Есть понятие «программно-определяемые сети» (Software Defined Network, SDN) – по факту это централизованное управление потоками трафика, когда решение о выборе пути следования данных принимается на сервере и сообщается всем сетевым коммутаторам/маршрутизаторам. Понятие SDN сейчас во многом является маркетинговым, что размывает его смысл. Например, Cisco позиционирует ACI (Application Centric Infrastructure) как SDN, хотя это «программно-определяемое» решение не имеет программных компонент – даже контроллеры аппаратные.
В нашей статье мы будем называть виртуальными (по аналогии с виртуализацией серверов) сети, соответствующие следующим требованиям:
- Общее множество ресурсов, единая точка управления. Это ключевая особенность SDN. Узел сети получает сервисы независимо от своего физического и логического размещения, а точка управления всей инфраструктурой одна и не меняется во время эксплуатации.
- Быстрое выделение ресурсов. Когда компании нужно развернуть новый сервис или приложение, выделение ресурсов под него должно происходить быстро, при этом не влияя на остальные сервисы.

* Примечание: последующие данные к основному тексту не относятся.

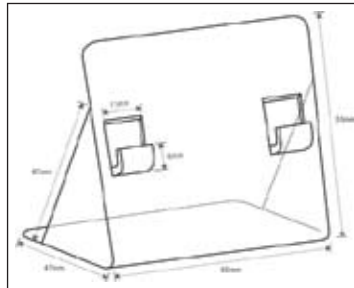

Mainosteline A4-arkille. (Kaksipuolinen)
Ulkomitat: 212mm x 86mm x 330mm

Mainosteline 212-M120

Pieni mainosteline. (Kaksipuolinen)
Ulkomitat: 125mm x 50mm x 160mm
Sisämitat: 120mm x 135mm

Mainosteline 212-M160

Mainosteline A5-arkille. (Kaksipuolinen)
Ulkomitat: 160mm x 62mm x 228mm

ESITETELINEET

Mainosteline 212-L100

Mainosteline 1/3 A4-arkille.
Ulkomitat: 100mm x 50mm x 215mm

Mainosteline 212-L150

Mainosteline A5-arkille.
Ulkomitat: 150mm x 60mm x 223mm

Mainosteline 212-L210

Mainosteline A4-arkille.
Ulkomitat: 210mm x 85mm x 325mm

Mainosteline 212-M210

Mainosteline A4-arkille. (Kaksipuolinen)
Ulkomitat: 218mm x 87mm x 300mm

Esiteteline 212-W110

Seinä- / pöytäteline kolmeen osaan taitetulle A4-esitteelle.
Ulkomitat: 115mm x 40mm x 150mm
Sisämitat: 110mm x 32mm

Esiteteline 212-W160

Seinä- / pöytäteline A5-esitteelle.
Ulkomitat: 165mm x 35mm x 191mm
Sisämitat: 160mm x 32mm

ESITETELINEET

Mainosteline 212-W230

Seinä- / pöytäteline A4-esitteelle.
Ulkomitat: 240mm x 40mm x 250mm
Sisämitat: 230mm x 32mm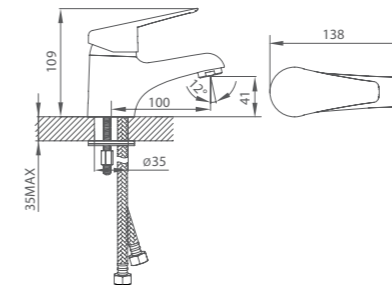

HUDSON

Смеситель для умывальника
HUDSB00M01

UCI: 10,8 см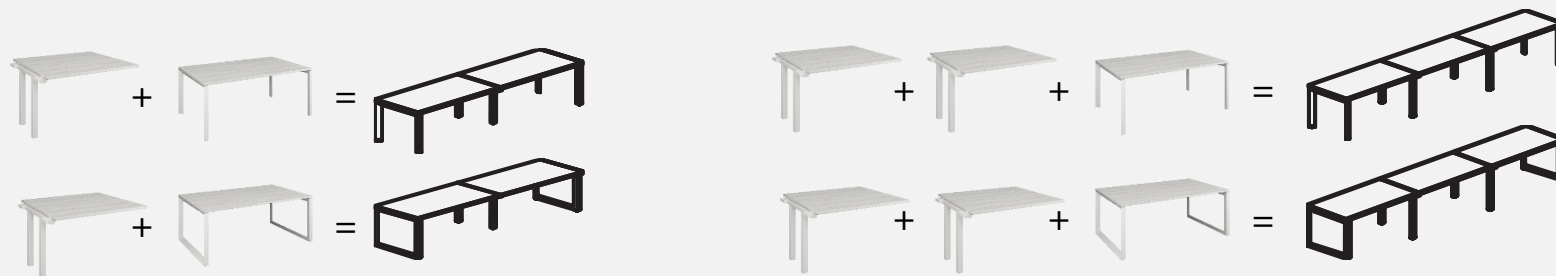

Дополнительный модуль позволяет сделать бенч-систему на 4 и более рабочих мест.

Эргономичные столы. П- и О- образная форма опоры.

Левый стол на 1 рабочее место
(с выпелом под проводку)

Ширина размера столешницы 1200 или 1400 (мм)

Правый стол на 1 рабочее место
(с выпелом под проводку)

Стол на 2 рабочее места (с выпелом под проводку)

Ширина размера столешницы 1200 или 1400 (мм)

Переговорные столы. П- и О- образная форма опоры.

Переговорные столы

Модуль для переговорного стола

Ширина размера столешницы 1200/1400/1600/1800/2000x1100x750 (Ш*Г*В, мм)

Дополнительный модуль позволяет сделать переговорный стол любой длины. Для примера:

Мебель отлично
подойдет и для
Вашего дома!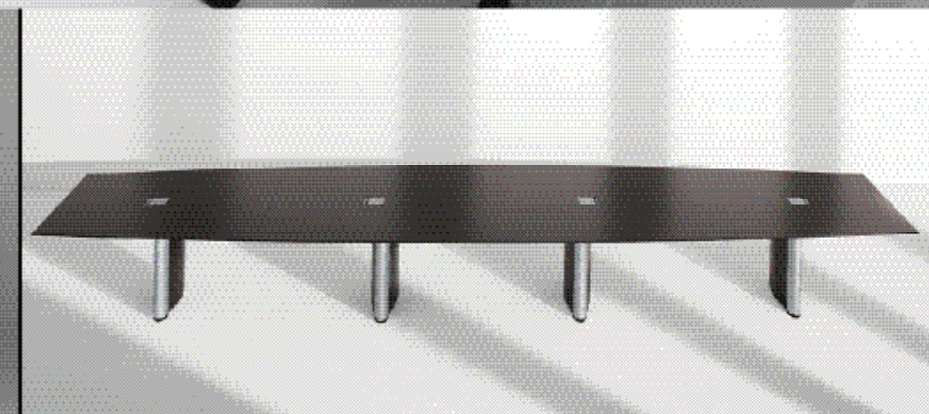

NIENKAMPER
NATURAL CAPE COAST
WALNUT

NIENKAMPER
GRANO LEATHER
EUCALYPTUS, G7069

NIENKAMPER
GRANO LEATHER
MOUNTAIN ASH, G7085

NIENKAMPER
NATURAL CAPE COAST
WALNUT

NIENKAMPER
GRANO LEATHER
EUCALYPTUS, G7089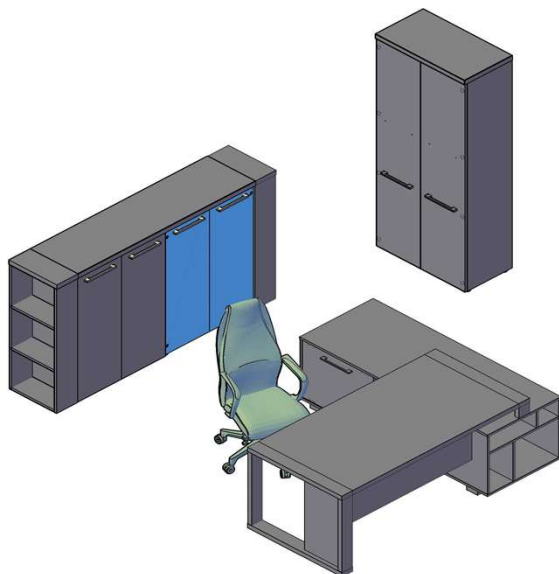

### Кабинет руководителя ALTO

### Комбинация №1

78 930,80

Наименование/Артикул	Цена
Стол руководителя AST 189H	18 917,60
Брифинг-приставка AT 127	8 803,60
Тумба под фригобар ATF 170	12 654,20
Каркас шкафа высокого АНС 85	6 479,20
Каркас шкафа высокого АНС 85	6 479,20
Двери низкие ALD 42-2	2 810,60
Двери низкие ALD 42-2	2 810,60
Дверь стеклянная AMGT 42-1	1 540,50
Дверь стеклянная AMGT 42-1	1 540,50
Дверь стеклянная AMGT 42-1	1 540,50
Дверь стеклянная AMGT 42-1	1 540,50
Комплект фурнитуры AMGT 42F	964,60
Комплект фурнитуры AMGT 42F	964,60
Комплект фурнитуры AMGT 42F	964,60
Комплект фурнитуры AMGT 42F	964,60
Приставной стеллаж высокий ABS 196	3 430,70
Приставной стеллаж высокий ABS 196	3 430,70
Топ AP 170	3 094,00

### Комбинация №2

66 491,10

Наименование/Артикул	Цена
Стол руководителя АСТ 2118 (L)	29 753,10
Каркас шкафа среднего АМС 85	4 306,90
Каркас шкафа среднего АМС 85	4 306,90
Двери средние AMD 42-2	3 439,80
Дверь стеклянная AMGT 42-1	1 540,50
Дверь стеклянная AMGT 42-1	1 540,50
Комплект фурнитуры AMGT 42F	964,60
Комплект фурнитуры AMGT 42F	964,60
Каркас гардероба ACW 85-1	5 934,50
Двери высокие АНД 42-2	5 085,60
Топ AP 85	1 641,90
Топ AP 170	3 094,00
Приставной стеллаж ABS 120	1 959,10
Приставной стеллаж ABS 120	1 959,10

- Узкая сегментация и изоляция приложений. Приложения должны быть изолированы друг от друга, даже если они работают на одном физическом CPU (на одном процессоре одного сервера). Разные компоненты приложения в соответствии с политикой безопасности должны иметь возможность взаимодействовать исключительно так, как задумано администратором.
- Гибкость в адресации и топологии сети. Новые приложения могут располагаться в любом месте ЦОДа, компонентам на разных площадках, в том числе, может потребоваться размещение в одной подсети. Сеть не должна ограничивать приложения в гибкости.

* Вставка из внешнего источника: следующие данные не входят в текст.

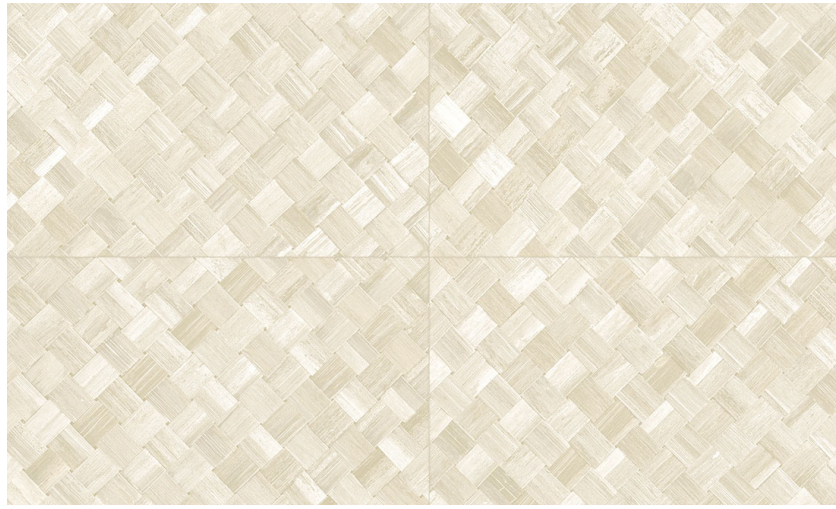

Onderhoud

Collectie	Selva
Dessin	Pandan
Referentie	34101
Samenstelling	Vinylbehang op papier
Beschrijving	Een vlechtwerk in tegelvorm, geïnspireerd op de tropische plant pandan

Tijdens plaatsing:

Eventuele lijmplekken onmiddellijk (vooral eer de lijm is opgedroogd) voorzichtig afwassen met zuiver water en een zachte spons. Doe dit na het plaatsen van elke baan.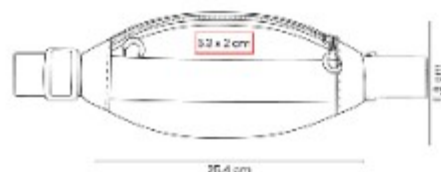

Cangurera deportiva perfecta para los amantes del running.

В итоге мы можем рассматривать виртуализацию сети аналогично виртуализации серверов. Отметим, что сама сеть с виртуализацией может быть дороже обычного варианта, но при этом снижать TCO за счет более эффективного использования ИТ-ресурсов. Отметим, что в статье будет идти речь о сетях в ЦОД.
2 лидера – немного истории
Историю виртуализации сетей принято отсчитывать с 2006 года, когда Мартин Касадо, будучи аспирантом Стэнфордского университета, представил проект Ethane. Его основная идея: сетевые устройства должны осуществлять только передачу данных (data plane), а управление передачей данных (control plane) выполняет централизованный контроллер.
В 2007 году Мартин Касадо, Ник МакКьоун и Скотт Шенкер создали компанию Nicira и начали разработку платформы сетевой виртуализации (Network Virtualization Platform, NVP). Продукт работает на основе OVS (Open vSwitch) и стандарта OpenFlow, в настоящий момент носит название NSX MH (NSX Multi-Hypervisor).
В 2011 году была основана некоммерческая организация Open Network Foundation. Основателями проекта выступили гиганты ИТ-рынка – Google, Microsoft, Verizon, Yahoo!, Facebook, Deutsche Telecom. Цели организации – развитие программно-определяемых сетей. Фактически она развивает стандарт OpenFlow, ранние версии которого очень напоминали работы Мартина Касадо образца 2006–2007 годов, являясь по сути стандартом на основе концепций Ethane.
В 2012 году VMware приобрела Nicira за 1,26 млрд долларов. Обычно сделки такого масштаба осуществляются за счет передачи ценных бумаг/обязательств, но в данном случае VMware оплатила покупку живыми долларами. Было объявлено, что платформа сетевой виртуализации Nicira отныне будет называться VMware NSX.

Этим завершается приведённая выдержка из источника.